腹の皮を残しながら、中骨に沿って包丁を引いていきます。この際、穴子の腹の部分は三角形の形状をした骨になっているので、包丁の刃をやや斜め上に向けて引いたほうが、身が残らなくなります。


そして穴子が回らないように左手を添えながら包丁を進めていきます。最後は尾の先端まできれいに引き落としましょう。


穴子が背開きになったら、手で内臓を取り除いていきます。


逆さ包丁に持ち替え、中骨の際に沿って切れ込みの筋を入れていきます。この時は尾の先端までしっかりと筋を入れるようにしましょう。


次に頭の切り口から包丁を入れ、中骨をそぎ取っていきます。その際に包丁の腹を使って、中骨を浮かしながら小骨をスッと切っていくときれいに取れていきます。


中骨をそぎ取ったら、尾の先端から包丁を入れてヒレを引き落とします。


最後に首をはねれば完了となります。

穴子の刺身の作り方

穴子の血液には毒が含まれています。
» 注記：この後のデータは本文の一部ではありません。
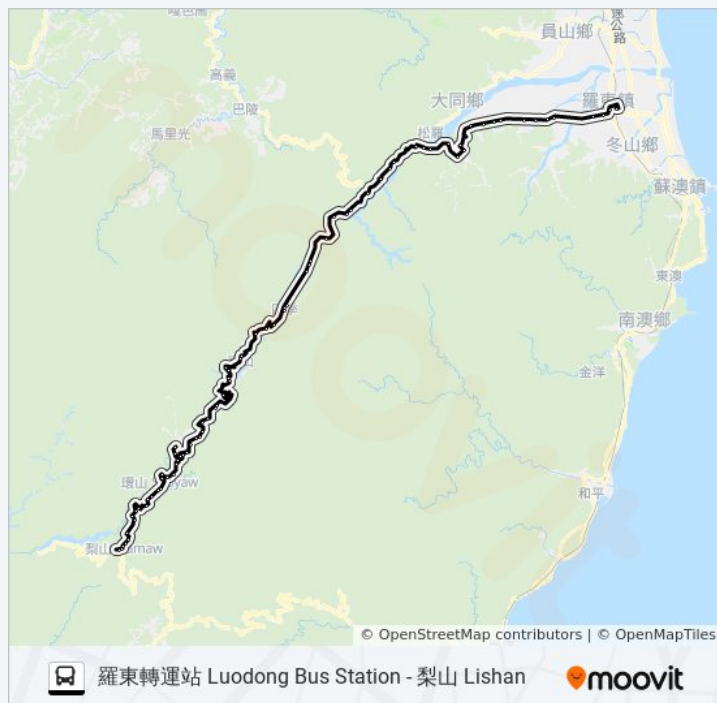

河流農場 Heliu Farm

松茂 Songmao

松茂派出所 Songmao Police Substation

臨時站 Temporary Station

中興路 Zhongxing Rd.

清泉橋 Qingquan Bridge

臨時站 Temporary Station

龜山 Guishan

中興路口 Zhongxing Rd. Intersection

環山 Huanshan

壺溪畔 Huxipan

環興 Huanxing

桂林菜園 Guilinguoyuan

苗圃 Miaopu

豫立商行 Yuli Trading Company

和平農場 Heping Farm

志良派出所 Zhiliang Police Substation

長青山莊 Changqing Village

武陵農場 Wuling Farm

武陵賓館 Wuling Hotel

百福橋 Baifu Bridge

武陵 Wuling

香菇橋 Xianggu Bridge

花圃 Huapu

勝光菜園 Shengguang Vegetable Farm

勝光 Shengguang

小埡口 Xiaowukou

思源 Siyuan

思源菜園 Siyuan Vegetable Farm

思源派出所 Siyuan Police Substation

突陵 Tuling

亞爸的山 Yaba Mountain

梨園 Liyuan

巴士1764的資訊

方向: 羅東轉運站 Luodong Bus Station

站點數量: 79

行車時間: 191 分

途經車站:
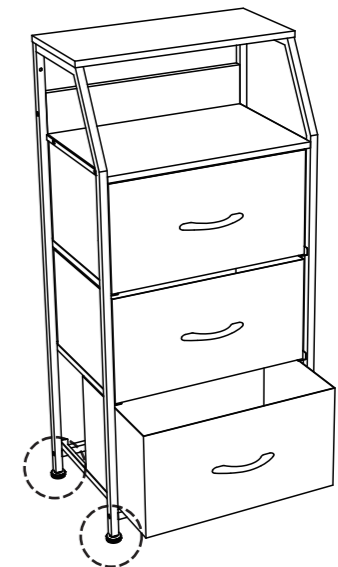

【品質表示】

品名：44幅 薄型ファブリックチェスト ブレイクスルー
 サイズ：幅44×奥行29×高さ92cm
 材質：本体/スチール・プリント紙化粧繊維版
 引出/不織布・プリント紙化粧繊維版
 原産国：中国
 販売元：株式会社 マナベインテリアハーツ
 大阪府高槻市東上牧1-2-1

1 3セット組み立ててる。

① 6個 ⑨ 1個

2

⑤ 2個 ⑨ 1個

3 ネジは8割ぐらいを目安に仮止めする。
使用する状態にして、しっかり締める。

③ 4個 ④ 4個 ⑤ 2個 ⑨ 1個

4 ネジは8割ぐらいを目安に仮止めする。
使用する状態にして、しっかり締める。

② 4個 ⑧ 4個 ⑨ 1個

5 ⑥の部品を壁に取り付けて、本体を固定
できます。

⑥ 2個 ⑦ 2個 ⑨ 1個

6 引き出しを入れて完成です。

ガタつく場合は、高さ調節脚でレベルを合わせてください。
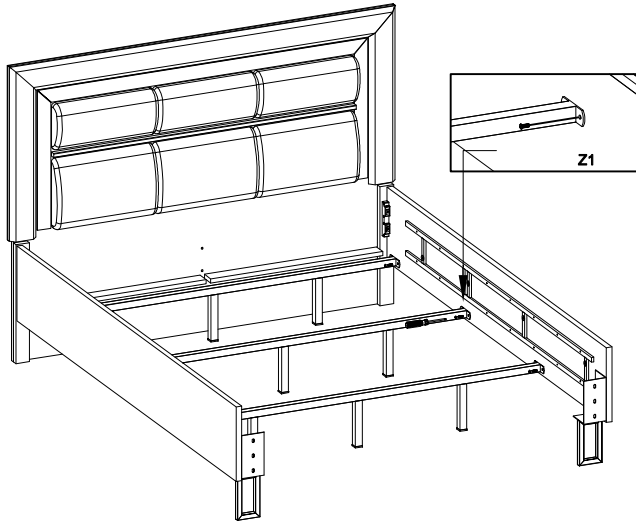

BOGOTA KARYOLA

BOGOTA BEDSTEAD

Ø15 MINIFIX BAŞLIK	MINIFIX ML	AKC DIŞ	AKC İÇ	m8x30 YSB	3,5x35 YHB	3,5x25 YHB	M6x15 YSB	M6x30 YSB	3,5x25 PULLU
A	B	M	L	Z7	V5	V2	Z1	Z2	V3
4 ADET	4 ADET	2 ADET	2 ADET	4 ADET	8 ADET	6 ADET	24 ADET	12 ADET	32 ADET
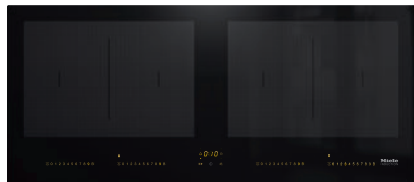

KM 7684 FL

Tűzhelytől független indukciós főzőlap

Panoráma design és két PowerFlex főzőfelület a különösen nagyfokú kényelemért.

EAN: 4002516164821 / Cikkszám: 11145160 / Régi cikkszám26768470D

Hatékonyág és fenntarthatóság	
Teljesítményfelvétel kikapcsolt üzemmódban (W)	0,5
Teljesítményfelvétel Stand-by üzemmódban (W)	1,0
Teljesítményfelvétel hálózatzvezérelt készenléti üzemmódban (W)	2,0
Időtartam a kikapcsolt üzemmódba történő automatikus kapcsolásig (perc)	20
Időtartam a készenléti üzemmódba történő automatikus kapcsolásig (perc)	20
Időtartam a hálózatzvezérelt készenléti üzemmódba történő automatikus kapcsolásig (perc)	20
Ápolási kényelem	
Könnyen tisztítható üvegkerámia	•
Biztonság	
Biztonsági kikapcsolás	•
Reteszelés funkció	•
Üzembehelyezési zár	•
Integrált hűtőventilátor	•
Túlhevülés elleni védelem	•
Maradék hő-kijelző	•
Műszaki adatok	
Méret (mm) (szélesség)	916
Méret (mm) (magasság)	51
Méret (mm) (mélység)	408
Kivágási méret (mm) (szélesség) ráültethető kivitel esetén	896
Kivágási méret (mm) (mélység) ráültethető kivitel esetén	388
Beépítési magasság csatlakozódobozzal (mm)	51
Belső kivágási méret (mm) (szélesség) síkba történő beépítéskor	896
Belső kivágási méret (mm) (mélység) síkba építhető beépítéskor	388
Súly (kg)	12
Külső kivágási méret (mm) (szélesség) síkba építhető beépítéskor	920
Külső kivágási méret (mm) (mélység) síkba építhető beépítéskor	412
Teljes teljesítményigény (kW)	7,30
Elektromos kábel hossza (m)	1,4
Feszültség (V)	230
Frekvencia (Hz)	50-60
Mellékelt tartozékok	
Csatlakozókábel	Igen
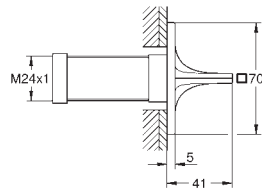

Article n°

Couleur

Prix (€)

nouveau

19 334 001
19 334 GN1

19 334 DL1
19 334 A01

Chromé 125,00
Cool Sunrise
brossé 201,00
Warm Sunset
brossé 201,00
Hard Graphite 188,00

Allure

Façade pour robinet d'arrêt encastré

pour robinet d'arrêt encastré 35 028 000/29 032 000

GROHE StarLight Chrome éclatant et durable

Profondeur réglable

20-80 mm

Rosace de finition étanche côté mur

35 028 000

134,00
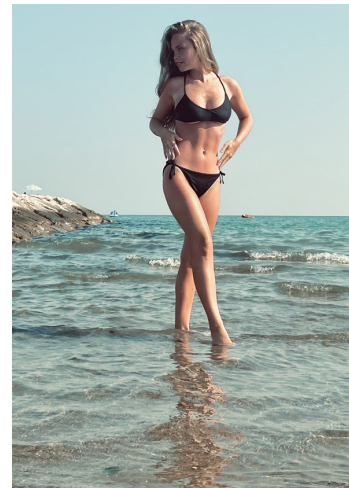

# Patricie Martin

<b>Name</b>	Patricie Marti
<b>Birth</b>	2004
<b>City</b>	Brno
<b>Country</b>	Czech
<b>Height</b>	166
<b>Bust</b>	85
<b>Waist</b>	58
<b>Hips</b>	88
<b>Cups</b>	75B
<b>XXS – L</b>	XS
<b>Size</b>	32-34
<b>Shoe</b>	36-37
<b>Languages</b>	English B1
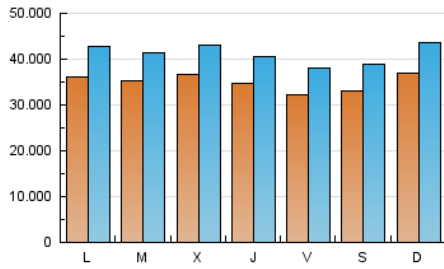

4. Gráficas (Nacional e Internacional)

4.1 Por día de la semana (promedio)

N. únicos / Visitas (x 100)
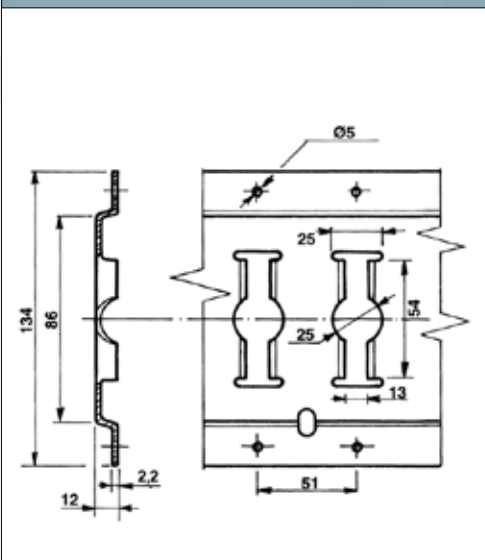

70 055187

Dimensioni / Dimensions	Kg	Pezzi Pack
L = 1997	1,55	1

Profilo aggancio esterno alluminio grezzo con fori Ø 20 mm

70 055186

Dimensioni / Dimensions	Kg	Pezzi Pack
L = 1997	1,07	1

Profilo aggancio incassato con fori Ø 20 mm

70 055213

Barra aggancio alluminio con pioli L.5000 mm
Pin track recessed L. 5000 mm

70 055194

Bandella fermacarico zincata con fori \varnothing 20mm

Dimensioni / Dimensions	Kg	Pezzi / Pack
L = 3050	5,50	1

70 055193

Bandella fermacarico zincata con fori \varnothing 25mm

Dimensioni / Dimensions	Kg	Pezzi / Pack
L = 3050	3,06	1

70 055102

Dimensioni / Dimensions	Kg	Pezzi / Pack
L = 3060 mm	6,50	1

Bandella fermacarico zincata per cinghie tubi, sp. Ø 2,5mm con fori da Ø 25 mm
Galvanized load stop strap for tube belts, tickness 2,5mm with holes Ø 25 mm

70 055205

Dimensioni / Dimensions	Kg	Pezzi / Pack
L = 3048 mm	6,50	1

Bandella fermacarico inox per cinghie tubi, sp. Ø 2,5mm con fori da Ø 25 mm
Stainless load stop strap for tube belts, tickness 2,5mm with holes Ø 25 mm
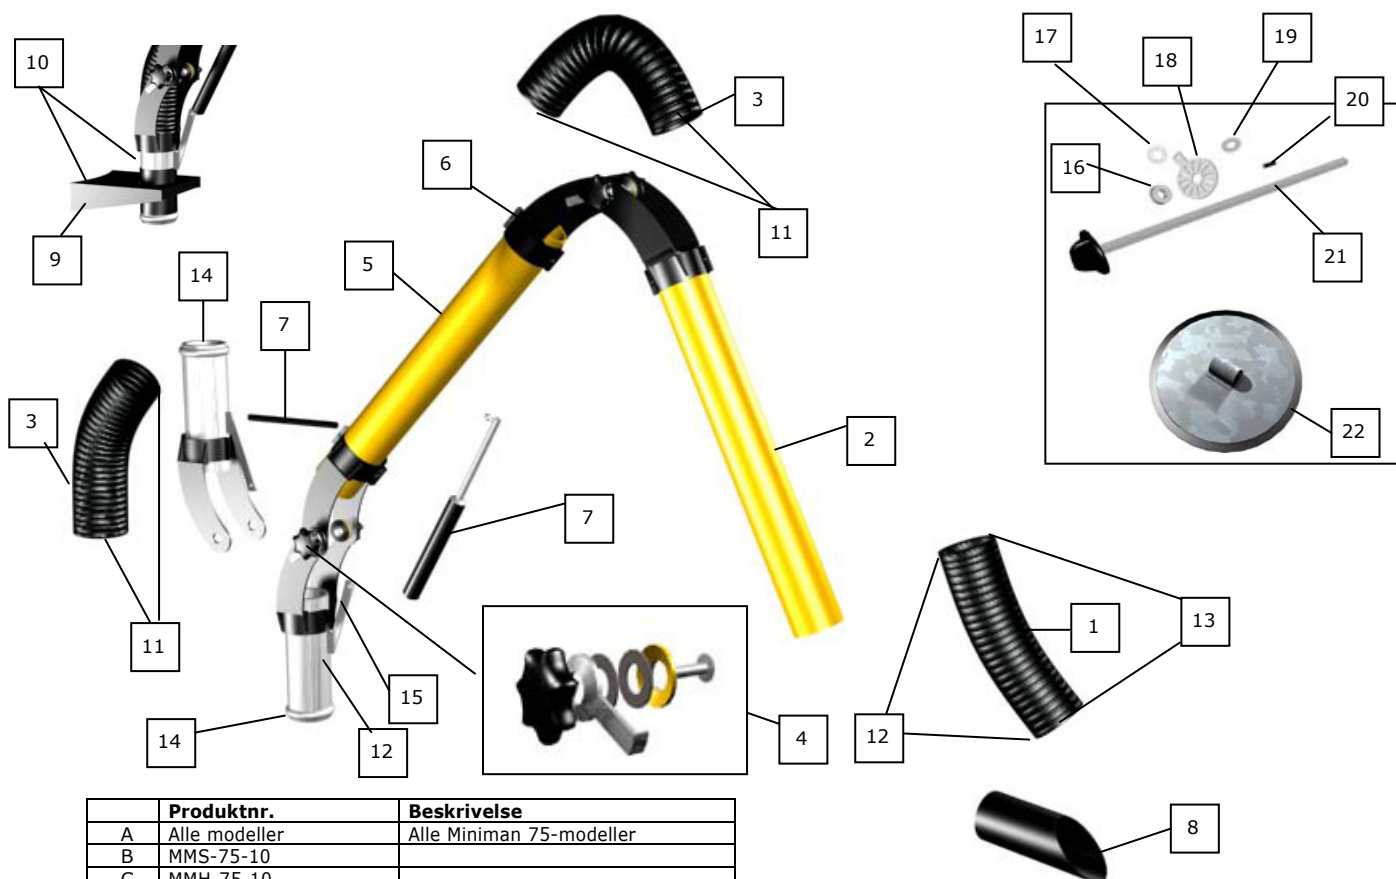

## Prisliste – Reservedele til Miniman-75

	Produkt nr.	Beskrivelse
A	Alle modeller	Alle Miniman 75-modeller
B	MMS-75-10	
C	MMH-75-10	
D	MMS-75-15	
E	MMH-75-15	

Pos.	Art.nr.	A	B	C	D	E	Beskrivelse	Pris pr. stk. DKK
1	531 350	1					Yderslange, L=200 mm, sort	335,-
	531350-VIT	X					Yderslange, L=200 mm, hvid	335,-
2	531 467		1	1			Yderrør, gult	140,-
	531 483				1	1	Yderrør, gult	210,-
	531467-VIT		1	1			Yderrør, hvidt	380,-
	531483-VIT				1	1	Yderrør, hvidt	460,-
3	987 024	2					Midter- og inderslange, L=320 mm, sort	130,-
	986 976	X					Midter- og inderslange, L=320 mm, hvid	185,-
4	504068-Z	X					Spændeskive-sæt	730,-
5	531 459		1	1			Inderslange, gul	140,-
	531 475				1	1	Inderslange, gul	210,-
	531459-VIT		1	1			Inderslange, hvid	140,-
	531475-VIT				1	1	Inderslange, hvid	485,-
6	507210-Z	X					Komplet knæled	440,-
7	531 541		1				Gasdæmper, 120 Nm	520,-
	531 558				1		Gasdæmper, 300 Nm	520,-
	531327-Z			1			Balancestrop	525,-
	531319-Z					1	Balancestrop	565,-
8	509 547	1					Tragt/mundstykke, sort	160,-
	509547-VIT	1					Tragt/mundstykke, hvidt	160,-
9	531 400	1					Vægbeslag, sort	250,-
	531400-VIT	1					Vægbeslag, hvidt	250,-
10	531 384	1					Drejeled til vægbeslag, komplet, sort	795,-
	531384-VIT	1					Drejeled til vægbeslag, komplet, hvidt	795,-
11	961 722	X					Klemmestrop	45,-
12	961 433	3					Spændebånd	40,-
13	972 406	2					Gummitætningsring	95,-
14	531 442	1					Drejeled, gult	170,-
	531442-VIT	1					Drejeled, hvidt	170,-
15	531 392	1					Gasdæmper/balancestop-montagebeslag	85,-
16	970 939	1					Gummispændeskive	20,-
17	955 005	1					Stjernespændeskive	15,-
18	531 281	1					Justeringskralde til spjæld	80,-
19	968 479	1					Fjederskive	15,-
20	961 144	1					Fjeder	30,-
21	531954-Z	1					Spjældaksel med knop	250,-
22	505 792	1					Spjældflade	35,-

まずは血抜きをしっかりして、毒素を取り除くようにしましょう。


その後、前項で述べた手順で穴子をさばいていきます。終わりましたら、皮を引き、一口大に切っていきます。


大きなサイズの穴子は小骨が気になる場合があるので少し骨切りをしておくと、食感が気にならなくなります。

穴子の毒について知っておこう

ここまで穴子は日本でもなじみの食材である一方、血液やヌメリには毒が含まれていることを紹介してきました。


しかしその毒は、熱に弱く、加熱調理をしっかり行えば毒性がなくなります。


しっかり血抜きを行って毒素を取り除けは、刺身で食べることもできます。


穴子を調理する際は、毒性に対する知識をしっかり身につけ、適切な処理を行ってから調理しましょう。